- [Work instructions] Search the records below for "kiểu" and copy every line it turns up in.

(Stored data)
Content starts

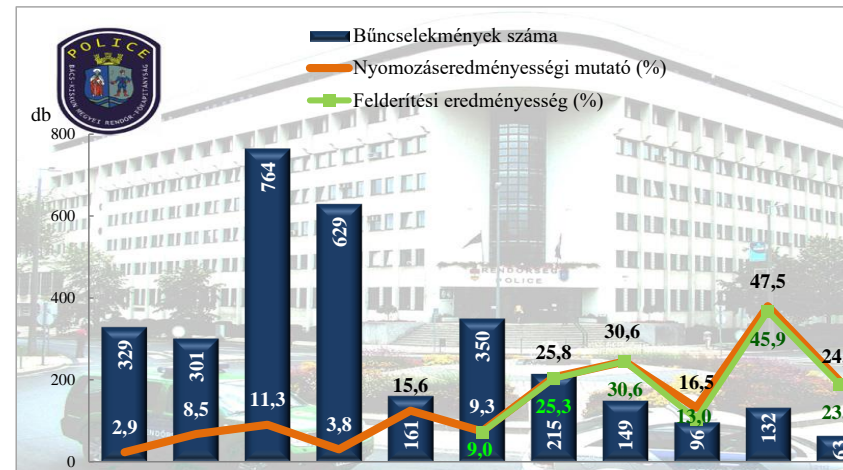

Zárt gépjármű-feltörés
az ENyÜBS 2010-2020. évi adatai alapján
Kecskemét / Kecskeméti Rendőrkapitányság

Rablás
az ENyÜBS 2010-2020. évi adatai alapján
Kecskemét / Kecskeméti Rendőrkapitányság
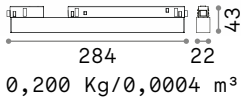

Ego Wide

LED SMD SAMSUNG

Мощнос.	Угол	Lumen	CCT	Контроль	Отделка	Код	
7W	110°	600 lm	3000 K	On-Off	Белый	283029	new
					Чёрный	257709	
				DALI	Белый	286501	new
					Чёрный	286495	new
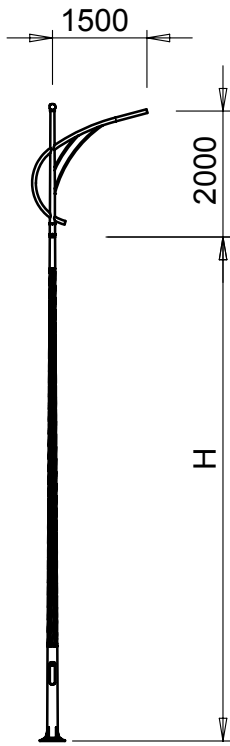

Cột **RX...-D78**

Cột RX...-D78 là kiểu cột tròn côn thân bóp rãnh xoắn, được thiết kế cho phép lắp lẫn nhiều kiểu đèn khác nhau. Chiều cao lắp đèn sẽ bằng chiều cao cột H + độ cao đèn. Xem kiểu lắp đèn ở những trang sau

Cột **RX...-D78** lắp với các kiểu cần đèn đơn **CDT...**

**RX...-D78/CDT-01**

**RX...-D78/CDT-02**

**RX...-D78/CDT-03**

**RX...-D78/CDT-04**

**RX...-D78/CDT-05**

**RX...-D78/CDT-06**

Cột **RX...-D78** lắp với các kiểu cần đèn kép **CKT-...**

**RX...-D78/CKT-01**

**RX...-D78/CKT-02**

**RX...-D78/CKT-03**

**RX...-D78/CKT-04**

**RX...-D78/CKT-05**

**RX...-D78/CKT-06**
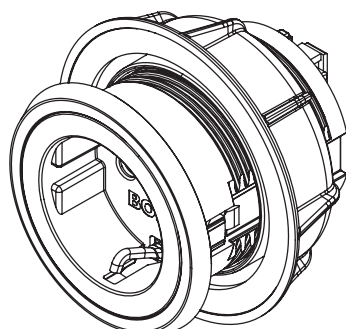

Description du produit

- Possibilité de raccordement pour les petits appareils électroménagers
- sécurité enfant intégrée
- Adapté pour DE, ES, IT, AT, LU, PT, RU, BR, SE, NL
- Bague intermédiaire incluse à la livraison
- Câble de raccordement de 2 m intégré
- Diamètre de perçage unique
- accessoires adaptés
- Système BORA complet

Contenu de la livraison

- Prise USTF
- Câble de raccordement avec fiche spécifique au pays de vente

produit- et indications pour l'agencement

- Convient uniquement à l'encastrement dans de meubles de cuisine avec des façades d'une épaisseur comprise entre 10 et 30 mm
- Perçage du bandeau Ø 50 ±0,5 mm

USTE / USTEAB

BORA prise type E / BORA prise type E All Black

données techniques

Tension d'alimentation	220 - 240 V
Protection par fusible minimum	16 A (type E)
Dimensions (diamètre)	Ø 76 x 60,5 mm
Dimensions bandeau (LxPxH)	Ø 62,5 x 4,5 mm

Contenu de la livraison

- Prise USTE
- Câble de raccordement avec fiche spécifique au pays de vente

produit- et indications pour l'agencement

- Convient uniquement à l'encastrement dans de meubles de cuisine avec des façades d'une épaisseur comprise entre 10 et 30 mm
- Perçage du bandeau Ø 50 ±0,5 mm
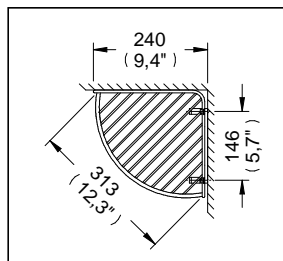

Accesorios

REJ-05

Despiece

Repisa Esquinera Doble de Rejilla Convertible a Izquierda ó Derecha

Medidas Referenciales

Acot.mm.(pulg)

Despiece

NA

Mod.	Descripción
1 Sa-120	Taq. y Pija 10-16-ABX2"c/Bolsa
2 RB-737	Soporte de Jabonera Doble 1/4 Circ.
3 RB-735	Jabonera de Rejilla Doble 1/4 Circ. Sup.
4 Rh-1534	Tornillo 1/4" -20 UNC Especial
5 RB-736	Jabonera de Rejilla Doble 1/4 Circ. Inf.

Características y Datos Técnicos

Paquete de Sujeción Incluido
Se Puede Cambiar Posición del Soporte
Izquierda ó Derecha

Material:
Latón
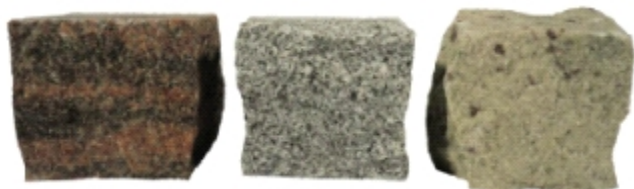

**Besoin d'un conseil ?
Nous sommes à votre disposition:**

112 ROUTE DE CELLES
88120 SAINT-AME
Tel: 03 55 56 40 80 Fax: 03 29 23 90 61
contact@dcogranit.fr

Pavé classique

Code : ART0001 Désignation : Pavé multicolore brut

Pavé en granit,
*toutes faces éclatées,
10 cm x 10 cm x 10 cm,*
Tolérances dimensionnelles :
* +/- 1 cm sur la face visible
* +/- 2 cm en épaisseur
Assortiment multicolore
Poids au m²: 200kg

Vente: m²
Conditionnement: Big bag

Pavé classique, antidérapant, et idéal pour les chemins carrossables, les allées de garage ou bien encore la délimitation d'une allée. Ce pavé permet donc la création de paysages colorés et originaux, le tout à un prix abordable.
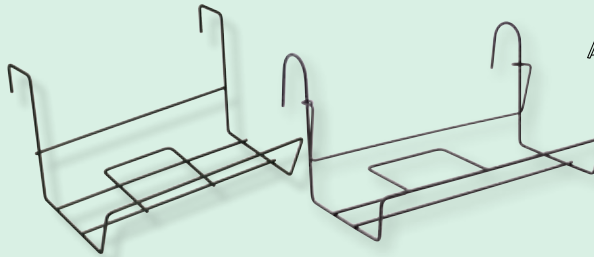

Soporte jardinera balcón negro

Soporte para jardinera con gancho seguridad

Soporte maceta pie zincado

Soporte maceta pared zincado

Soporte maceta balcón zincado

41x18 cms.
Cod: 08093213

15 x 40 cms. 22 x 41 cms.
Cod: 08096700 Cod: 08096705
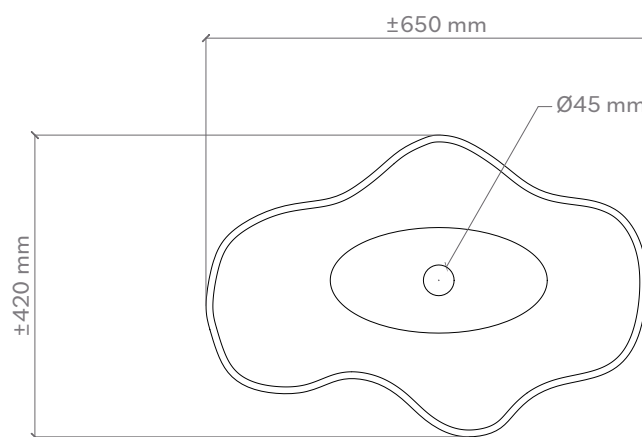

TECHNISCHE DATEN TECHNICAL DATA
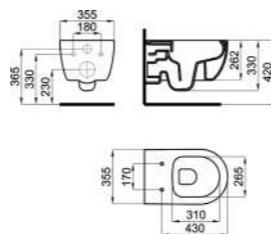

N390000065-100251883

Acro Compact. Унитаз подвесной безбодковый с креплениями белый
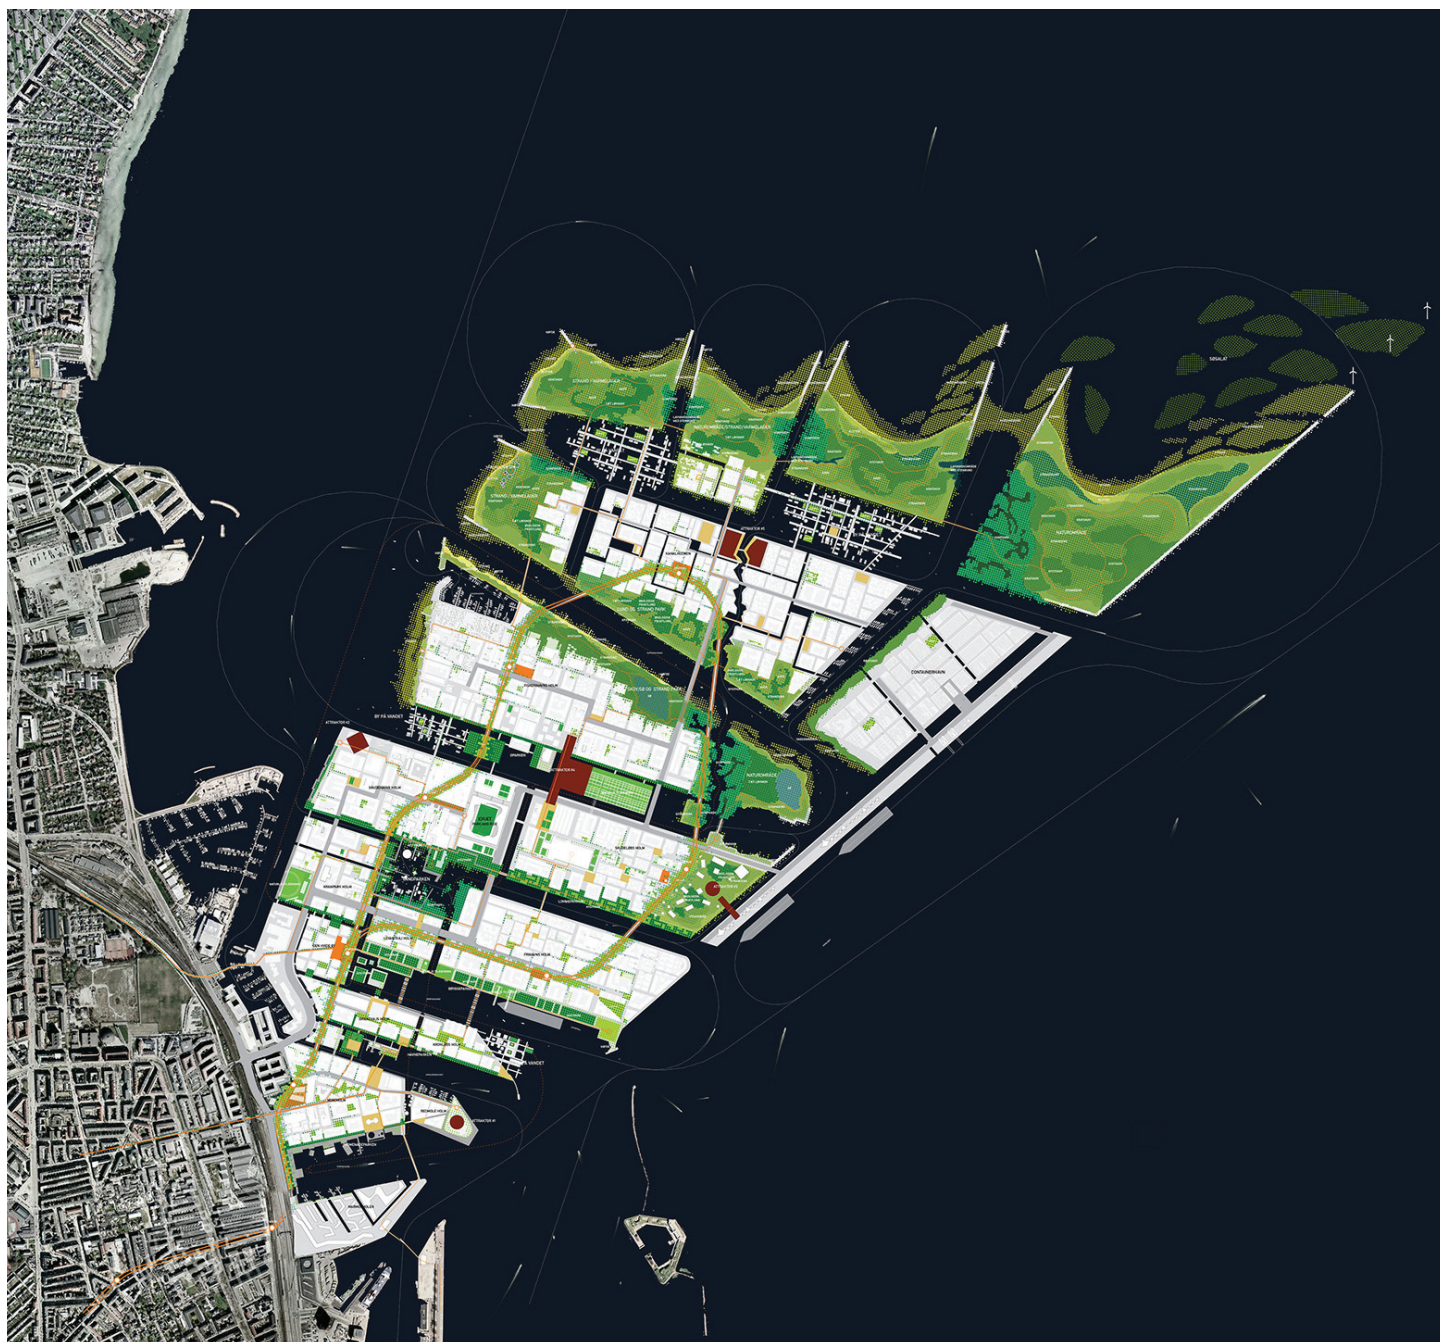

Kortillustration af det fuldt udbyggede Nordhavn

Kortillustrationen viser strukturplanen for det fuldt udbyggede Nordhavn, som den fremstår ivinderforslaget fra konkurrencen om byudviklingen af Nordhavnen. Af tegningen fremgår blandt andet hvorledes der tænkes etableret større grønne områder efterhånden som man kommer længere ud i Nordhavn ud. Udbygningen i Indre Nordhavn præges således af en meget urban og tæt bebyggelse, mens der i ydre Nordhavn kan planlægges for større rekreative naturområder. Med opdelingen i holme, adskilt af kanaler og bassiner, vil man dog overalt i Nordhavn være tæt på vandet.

Content ends

- [Result]
Cột RX...-D78 là kiểu cột tròn côn thân bóp rãnh xoắn, được thiết kế cho phép lắp lẫn nhiều kiểu đèn khác nhau. Chiều cao lắp đèn sẽ bằng chiều cao cột H + độ cao đèn. Xem kiểu lắp đèn ở những trang sau
Cột **RX...-D78** lắp với các kiểu cần đèn đơn **CDT...**
Cột **RX...-D78** lắp với các kiểu cần đèn kép **CKT-...**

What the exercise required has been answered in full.